■ **EXERCISE PROMPT**:
Your task is to find every line of the listing that includes "NCEP" and copy it.

■ **RECORDS TO USE**:

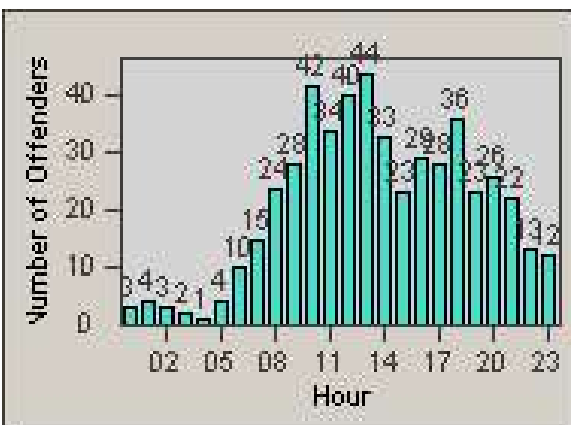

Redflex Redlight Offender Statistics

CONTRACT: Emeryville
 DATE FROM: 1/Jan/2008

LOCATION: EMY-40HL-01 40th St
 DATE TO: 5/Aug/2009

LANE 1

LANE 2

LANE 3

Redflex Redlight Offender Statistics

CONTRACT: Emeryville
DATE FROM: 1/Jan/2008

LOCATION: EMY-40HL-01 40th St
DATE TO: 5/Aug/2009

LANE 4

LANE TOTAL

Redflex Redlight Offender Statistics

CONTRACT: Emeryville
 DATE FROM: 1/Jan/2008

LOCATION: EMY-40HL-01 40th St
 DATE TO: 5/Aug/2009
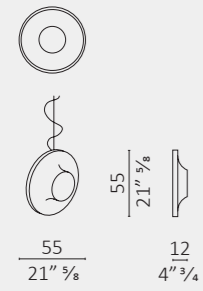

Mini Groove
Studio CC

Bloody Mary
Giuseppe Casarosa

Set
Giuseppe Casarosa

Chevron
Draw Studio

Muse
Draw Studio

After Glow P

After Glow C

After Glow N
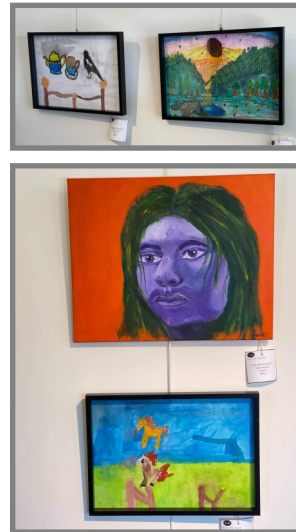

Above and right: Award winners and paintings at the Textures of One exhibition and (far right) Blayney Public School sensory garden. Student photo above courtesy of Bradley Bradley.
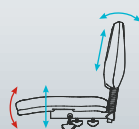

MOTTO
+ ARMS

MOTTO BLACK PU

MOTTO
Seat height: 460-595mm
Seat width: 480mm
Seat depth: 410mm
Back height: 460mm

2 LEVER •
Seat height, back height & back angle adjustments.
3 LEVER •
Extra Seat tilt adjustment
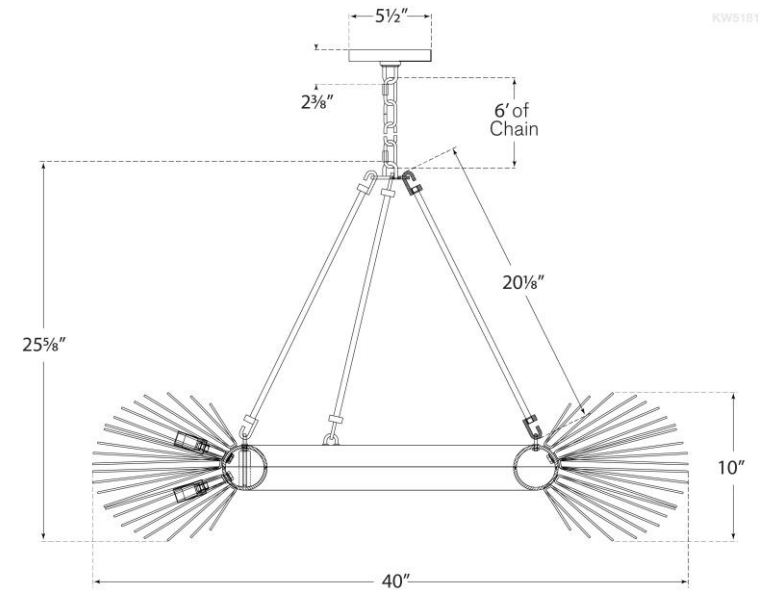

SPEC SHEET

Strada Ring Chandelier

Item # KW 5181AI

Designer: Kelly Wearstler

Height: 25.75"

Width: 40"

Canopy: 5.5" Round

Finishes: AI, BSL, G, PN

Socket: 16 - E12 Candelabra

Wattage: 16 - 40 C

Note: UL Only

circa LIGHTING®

==

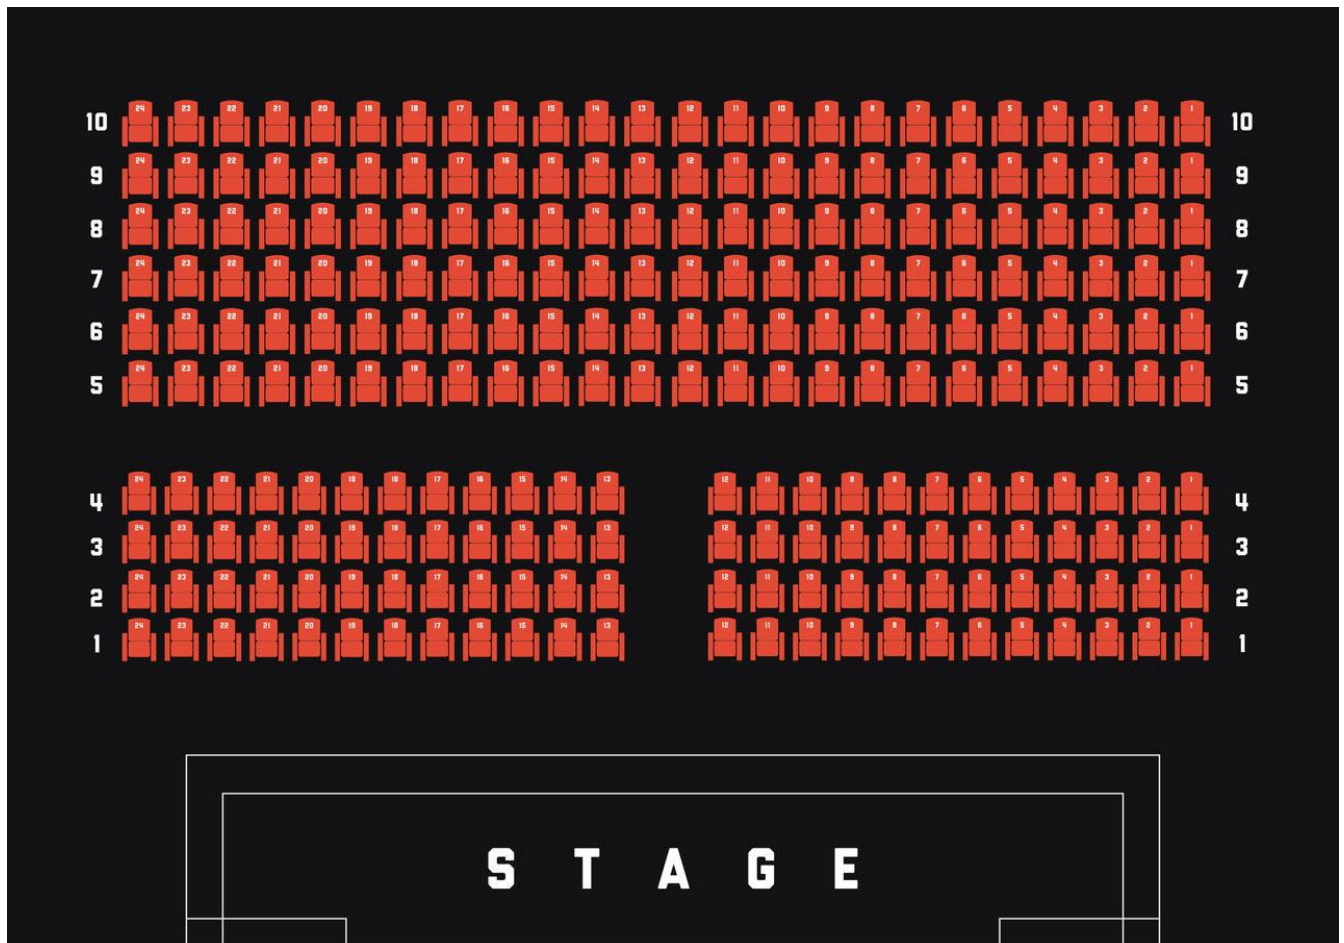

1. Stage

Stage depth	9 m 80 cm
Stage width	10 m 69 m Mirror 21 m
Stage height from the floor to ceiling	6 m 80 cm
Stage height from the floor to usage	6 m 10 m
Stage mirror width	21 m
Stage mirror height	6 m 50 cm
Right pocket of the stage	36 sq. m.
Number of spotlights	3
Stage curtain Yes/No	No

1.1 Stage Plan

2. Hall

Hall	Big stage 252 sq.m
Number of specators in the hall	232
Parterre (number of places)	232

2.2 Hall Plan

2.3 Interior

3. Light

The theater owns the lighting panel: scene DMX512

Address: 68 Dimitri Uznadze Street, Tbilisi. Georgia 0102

* * *

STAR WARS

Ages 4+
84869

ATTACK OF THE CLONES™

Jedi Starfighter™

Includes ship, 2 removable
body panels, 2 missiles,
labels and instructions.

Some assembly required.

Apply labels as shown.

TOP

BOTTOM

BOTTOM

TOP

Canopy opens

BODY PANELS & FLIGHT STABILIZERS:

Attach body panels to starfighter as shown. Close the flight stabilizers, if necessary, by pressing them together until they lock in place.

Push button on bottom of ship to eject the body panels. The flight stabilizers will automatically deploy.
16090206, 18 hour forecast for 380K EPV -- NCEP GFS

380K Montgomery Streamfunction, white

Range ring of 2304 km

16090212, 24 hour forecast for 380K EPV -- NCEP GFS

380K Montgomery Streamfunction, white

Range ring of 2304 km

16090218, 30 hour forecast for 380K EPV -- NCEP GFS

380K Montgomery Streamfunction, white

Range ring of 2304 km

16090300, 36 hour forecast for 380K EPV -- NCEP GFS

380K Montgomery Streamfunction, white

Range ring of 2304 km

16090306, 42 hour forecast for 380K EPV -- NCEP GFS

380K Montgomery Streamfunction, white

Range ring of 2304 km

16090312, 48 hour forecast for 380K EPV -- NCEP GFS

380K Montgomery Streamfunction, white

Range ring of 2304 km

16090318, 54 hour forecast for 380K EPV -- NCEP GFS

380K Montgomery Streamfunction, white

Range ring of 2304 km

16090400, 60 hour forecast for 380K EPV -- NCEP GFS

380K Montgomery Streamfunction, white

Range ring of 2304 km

■ **SOLUTION TO THIS TASK**:
16090206, 18 hour forecast for 380K EPV -- NCEP GFS
16090212, 24 hour forecast for 380K EPV -- NCEP GFS
16090218, 30 hour forecast for 380K EPV -- NCEP GFS
16090300, 36 hour forecast for 380K EPV -- NCEP GFS
16090306, 42 hour forecast for 380K EPV -- NCEP GFS
16090312, 48 hour forecast for 380K EPV -- NCEP GFS
16090318, 54 hour forecast for 380K EPV -- NCEP GFS
16090400, 60 hour forecast for 380K EPV -- NCEP GFS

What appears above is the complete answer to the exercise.